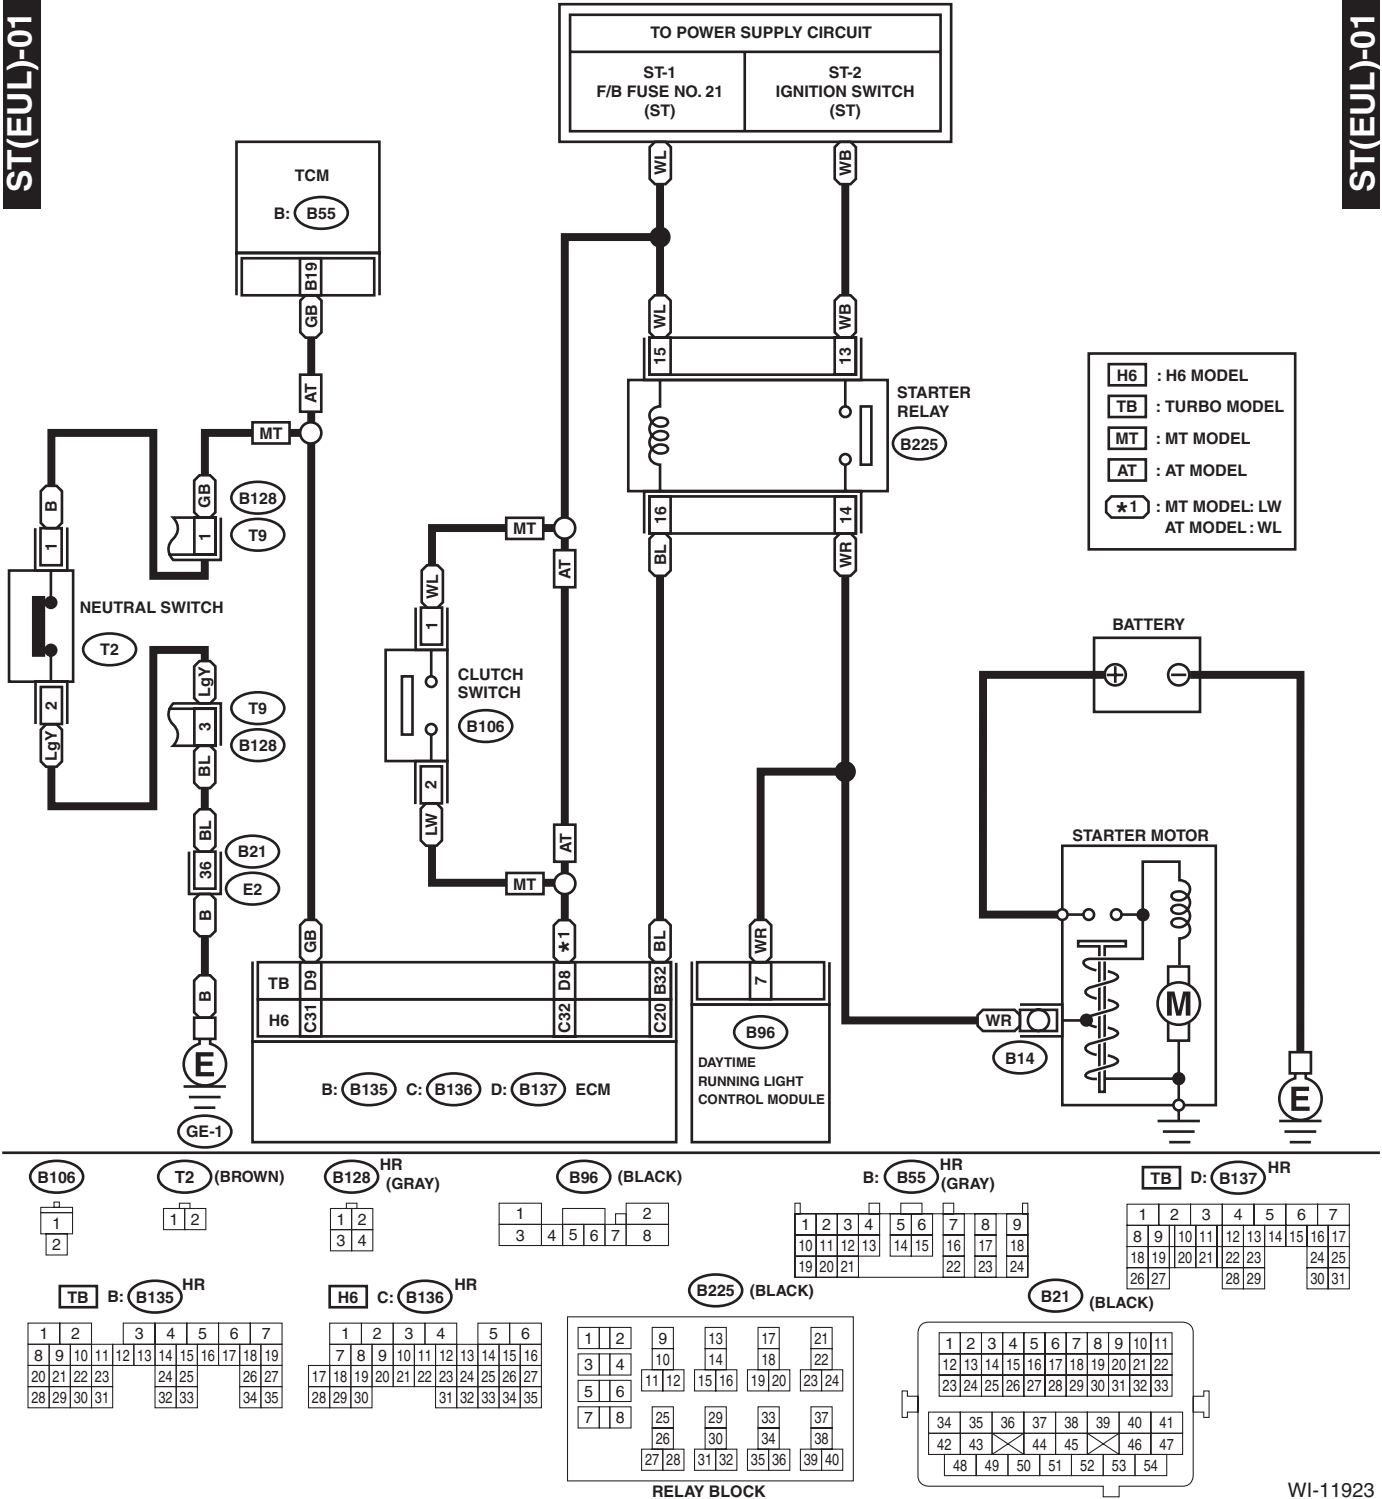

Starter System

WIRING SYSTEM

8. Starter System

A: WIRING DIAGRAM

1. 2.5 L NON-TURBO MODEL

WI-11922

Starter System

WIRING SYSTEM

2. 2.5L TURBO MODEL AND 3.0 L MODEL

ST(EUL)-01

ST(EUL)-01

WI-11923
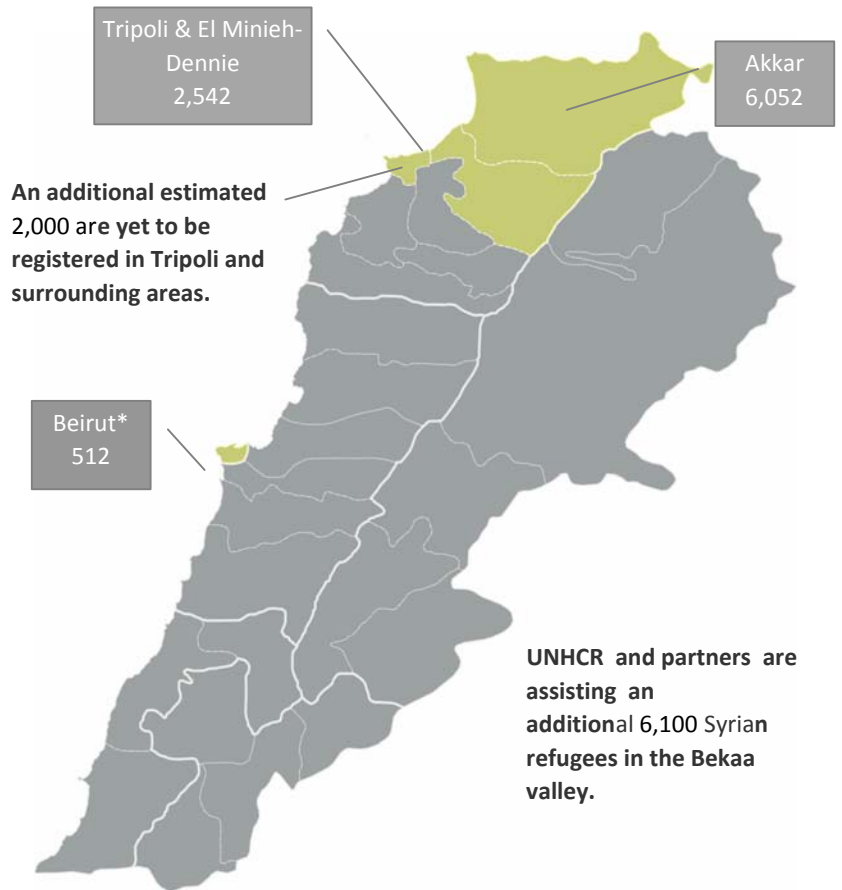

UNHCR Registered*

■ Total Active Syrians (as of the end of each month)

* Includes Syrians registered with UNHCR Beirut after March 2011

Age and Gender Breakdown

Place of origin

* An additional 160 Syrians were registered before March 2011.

+++

From the data above, gather every line that includes the word "Syrians".

Problem solution >>
■ Total Active Syrians (as of the end of each month)
* Includes Syrians registered with UNHCR Beirut after March 2011
* An additional 160 Syrians were registered before March 2011.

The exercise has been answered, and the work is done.